Container Theater

A Mungunzá Theatre Company, one of the most innovative collectives on the São Paulo scene, was surprised this Wednesday (28) with an eviction order issued by the City of São Paulo. The document, dated May 26, grants only 15 days to completely vacate the Container Theater, a space that has become a cultural and social landmark in the city center.

The city government’s official justification points to the location as a “strategic point for housing.” For the company, however, the decision seems like a disregard for almost a decade of work that has transformed the region.

Created in 2008, the Mungunzá group has been developing ongoing scenic research for 16 years, seeking to align art and life. In 2017, this search resulted in the creation of the Container Theater. More than just a headquarters, it has become a vibrant artistic occupation, recognized for its impactful cultural management in vulnerable areas and for its sustainable and community-based architecture.

Marcos Felipe, actor and producer of Cia. Mungunzá, recalls how the space, which has been in the heart of São Paulo for 9 years, “radically changed the emotional geography of the territory”. He says that the theater was a pioneer in focusing its work on the territory itself, on the surrounding population. A crucial difference, because, although surrounded by other cultural facilities, none of them had, until then, “this promotion with the population of downtown São Paulo itself; they all worked in a dynamic of a population that came from outside”.

The impact is reflected in numbers: over the course of these nine years, Teatro de Contêiner “offered more than 4.000 artistic and social activities, 83% of which were free to the population, and we reached a total of half a million people”. This work has been recognized nationally and internationally, has been honored with awards and has become a reference, guiding public policies replicated in other municipalities.
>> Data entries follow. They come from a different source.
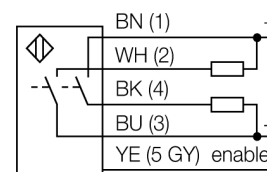

# Ultrazvukový senzor reflexní snímač Q45UBB63DAQ6

**TURCK**

Industrial  
Automation

- začátek a konec spínacího rozsahu nastavitelný tlačítkem
- výstupní funkce spínací nebo rozpínací
- nastavitelná doba odezvy
- funkce čerpadla
- tranzistorový spínací PNP/NPN výstup
- vyzařovací úhel 15°

## Schéma zapojení

<b>Typové označení</b>	Q45UBB63DAQ6
Identifikační číslo	3044130
<b>Pouzdro</b>	kvádrové pouzdro, Q45
Materiál pouzdra	plast, PBT
Připojení	konektor, M12 x 1
Stupeň krytí	IP67
Okolní teplota	-25... +70°C
MTTF	50 Roky
Poznámka k MTTF	dle SN 29500 (Ed. 99) 40°C
<b>Napájecí napětí</b>	12...24VDC
Výstupní funkce	spínací kontakt, PNP / NPN
Frekvence spínání	50 Hz
Hystereze	≤ 0.5 mm
Ochrana proti zkratu	ano/ taktovaná
Ochrana proti přepólování	kompletní
<b>Druh provozu</b>	ultrazvukový snímač
Rozsah	10...140 cm
Frekvence ultrazvuku	230 kHz
Opakovatelnost	≥ ± 0.25 mm

**Wiring accessories**

Typové označení	Identifikační číslo		Rozměrový náčrtek
RKC4.5T-2/TEL	6625016	Připojovací kabel, zásuvka M12 přímá 5pinová, délka kabelu: 2 m, materiál kabelu: černé PVC; cULus certifikát; k dispozici i jiné délky kabelu a provedení, viz <a href="http://www.turck.cz">www.turck.cz</a>	
WKC4.5T-2/TEL	6625028	Připojovací kabel, zásuvka M12 úhlová 5pinová, délka kabelu: 2 m, materiál kabelu: černé PVC; cULus certifikát; k dispozici i jiné délky kabelu a provedení, viz <a href="http://www.turck.cz">www.turck.cz</a>	
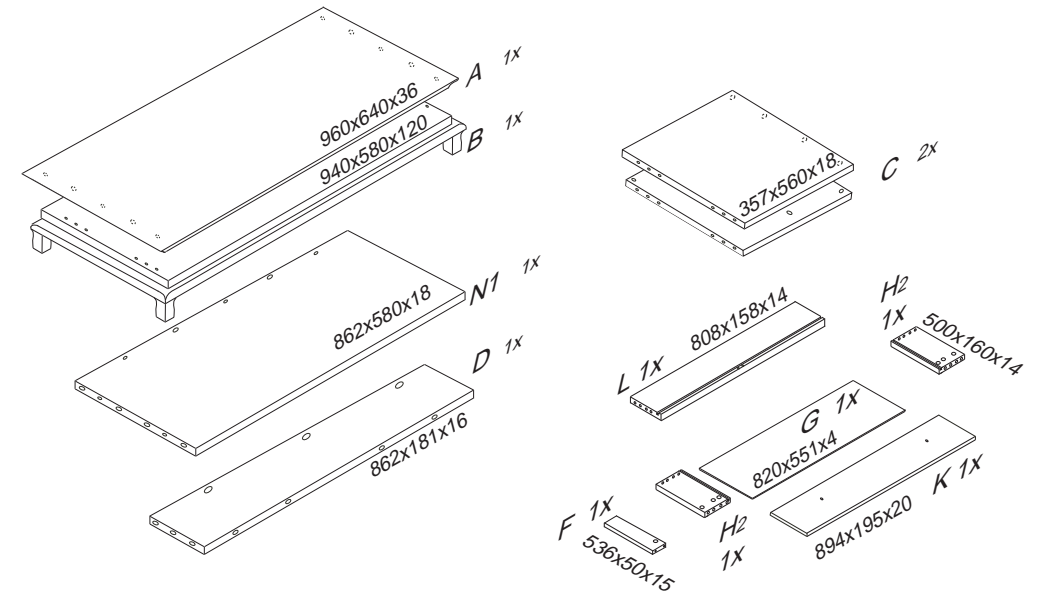

# SOLITÉR

K 831-BC

960x531x640

1/3

	3 x1 3mm	4 x1 4mm	6 x32 8x35mm	23 x6 3,5x12mm	28 x2 M4x30mm	
43 x6 EU 6x16mm	60 x20 15mm	61 x20 DU 2	67 x8	68 x6 12mm	69 x6 DU 1	
		70 x5 5x40mm	72 x11 7x70mm	(80+81) x1 500mm		102 x2

Pro snazší otevírání zásuvek vyjměte gumový doraz pojezdu.

Přední hrana výsuvu musí být zároveň s přední hranou C2
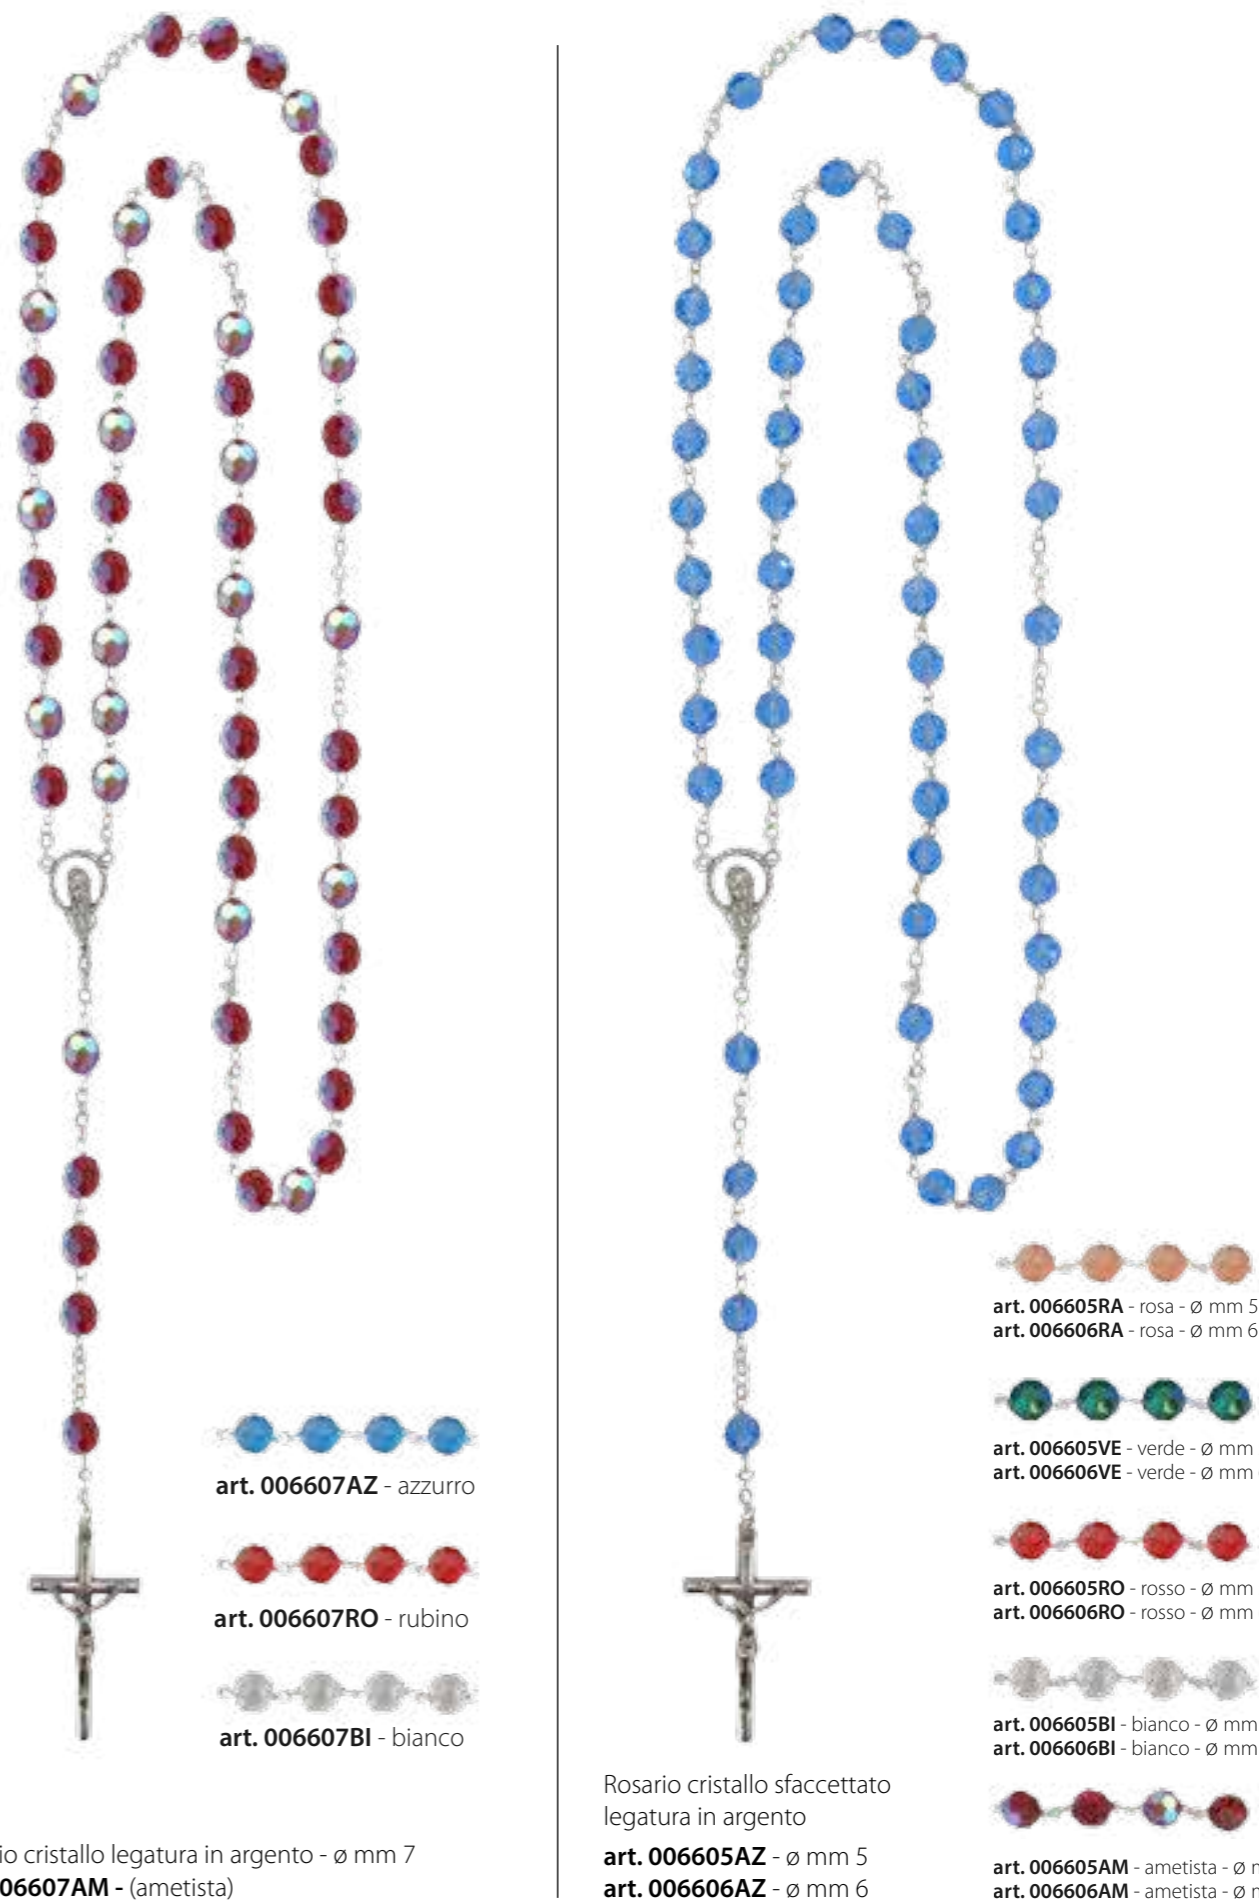

Rosario cristallo legatura in argento - ø mm 7
art. 006607AM - (ametista)

Rosario cristallo sfaccettato legatura in argento

art. 006605AZ - ø mm 5
art. 006606AZ - ø mm 6

art. 006605RA - rosa - ø mm 5
art. 006606RA - rosa - ø mm 6

art. 006605VE - verde - ø mm 5
art. 006606VE - verde - ø mm 6

art. 006605RO - rosso - ø mm 5
art. 006606RO - rosso - ø mm 6

art. 006605BI - bianco - ø mm 5
art. 006606BI - bianco - ø mm 6

art. 006605AM - ametista - ø mm 5
art. 006606AM - ametista - ø mm 6
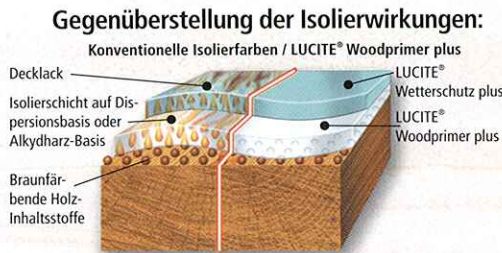

Schachmatt allen

„Schmuddel-Ecken“
**Perfekte
Fleckenisolierung
ohne Lösemittel**

100 % Absperrwirkung gegen
Wasserflecken, Nikotin, Ruß oder
Holzinhaltsstoffe.

NEU

LUCITE[®]
Isolier-Grundierungen

LUCITE[®] Woodprimer plus

Die perfekte Isolierung gegen braunfärbende Holzinhaltsstoffe

- ▶ wasserbasierte Grundierung mit hervorragender Isolier- und Absperrwirkung wasserlöslicher Holzinhaltsstoffe für innen und außen.
- ▶ Einsatzgebiet: für bestimmte Problem-Hölzer wie z. B. Eiche, Mahagoni, Fichte, etc., wo verstärkt braunfärbende Inhaltsstoffe nach einer gewissen Zeit an der Oberfläche auftreten

Produktvorteile für den Profi-Einsatz:

- ▶ wasserverdünbar, geruchsarm und lösemittelfrei
- ▶ für Innen und Außen
- ▶ schnell und wirtschaftlich zu verarbeiten
- ▶ nach nur 4 Std. mit wässrigen oder lösemittelhaltigen Einkomponenten-Schlussbeschichtungen überstreichbar
- ▶ Verbrauch: nur 100 ml /m² ▶ spannungsfrei

LUCITE[®] Multi-Primer

Mit extremer Sperrwirkung gegen durchschlagende Flecken:

- ▶ wasserbasierter Allround-Isoliergrund für innen und außen, auf nahezu allen Untergründen einsetzbar.
- ▶ mit ausgezeichneter Haftung auf Holz, Glas, Fliesen, alten Anstrichen, NE-Metallen, Kunststoffen und Alt-Lackierungen einsetzbar.
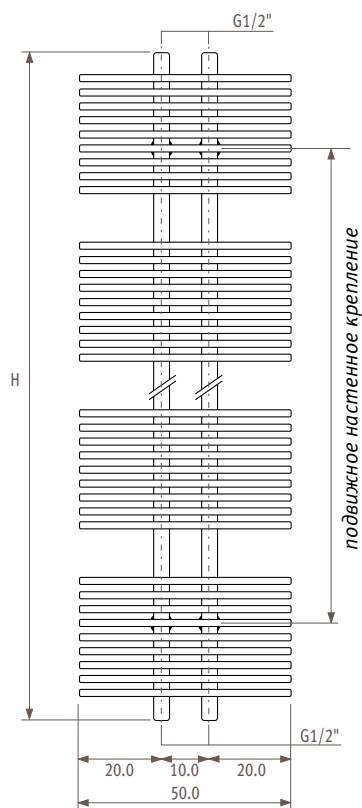

Табое Сани

ВНИМАНИЕ!

Цены указаны без НДС

Прибавьте 18%

Taboe Sani

Размеры

TSSW_Taboe Sani Single Wall
(настенный одинарный)

TSDW_Taboe Sani Double Wall
(настенный двойной)

подвижное настенное крепление

Подсоединения

Код: 1-я цифра = подающая
2-я цифра = обратная

Стандартное подключение

Код 18
Подсоединение 18 или 81.
к полу

к стене

Верхнее концевое подсоединение

Код заказа: укажите код 45 или 54 вместо кода 18. Вставная труба поставляется без доплаты для монтажа в обратном контуре. Всегда устанавливайте клапан для выпуска воздуха.

Диапазон размеров

одинарный

двойной

Цены и теплоотдача

Taboe Sani одинарный

код высота длина цвет подкл.
КОД ЗАКАЗА: TSSW. 121 050. XXX /18

Н	L 050	
121	75/65/20	590
	95/85/20	938
	ст. цвет €	530,10
	другие €	609,70
182	75/65/20	887
	95/85/20	1417
	ст. цвет €	651,70
	другие €	749,40

Taboe Sani двойной

код высота длина цвет подкл.
КОД ЗАКАЗА: TSDW. 121 050. XXX /18

Н	L 050	
121	75/65/20	800
	95/85/20	1247
	ст. цвет €	902,80
	другие €	1038,20
182	75/65/20	1206
	95/85/20	1905
	ст. цвет €	1109,40
	другие €	1275,80
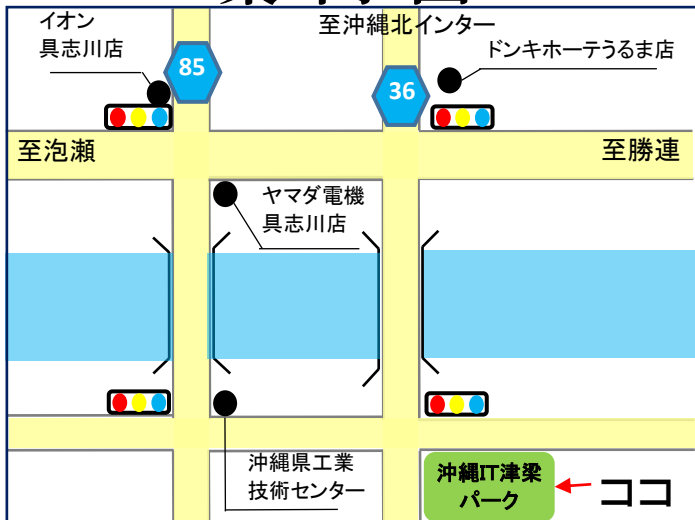

## ☆アジアIT研修センター

利用可能時間：8：30～21：00 平日のみ

研修室(PCあり)

研修室(PCなし)

ラウンジ

3,070円(税込)/1h

870円(税込)/1h

950円(税込)/1h

	レイアウト形式等		備考
研修室(PCあり)	スクール形式	机13台 椅子26脚	スクリーン・音響設備使用可 貸出PC 23台
研修室(PCなし)	スクール形式	机13台 椅子26脚	スクリーン・音響設備使用可
ラウンジ	スクール形式	机15台 椅子30脚	スクリーン・音響設備使用可

付 属 備 品:エアコン・机・椅子・ホワイトボード

無料貸出備品:プロジェクター・マイク(無線・有線)・接続ケーブル 他

## 案内図

Given this trajectory, the eviction order comes with even greater weight. “We are deeply shocked by the violence of receiving a court order for eviction for a period of 15 days,” says Marcos Felipe.

The feeling is that the history built there is being ignored: “We thought that the city of São Paulo should regulate, endorse the space and raise this space as an emblem of the city itself and not deactivate and destroy this equipment to build yet another building in a city that only has buildings”. Marcos Felipe points out that over the last few years many buildings have been built in downtown São Paulo and none of them have actually served the vulnerable population: “There is a process of gentrification in downtown São Paulo and the deactivation of the Container Theater to build a building is part of the process of elitization, of bringing people from the middle class to the center and expelling the poorest residents to the outskirts of the city”. 

Regarding alternatives, the city government has mentioned the possibility of other plots of land, but without presenting any concrete proposals. Mungunzá Company questions the logic: “If there are other alternatives for the Container Theater, why can’t these buildings be built on them?”

Now, the company is mobilizing. The way forward is to “get civil society to engage in this fight”, seeking support so that this “public force can curb this extractive drive of the government and the mayor”.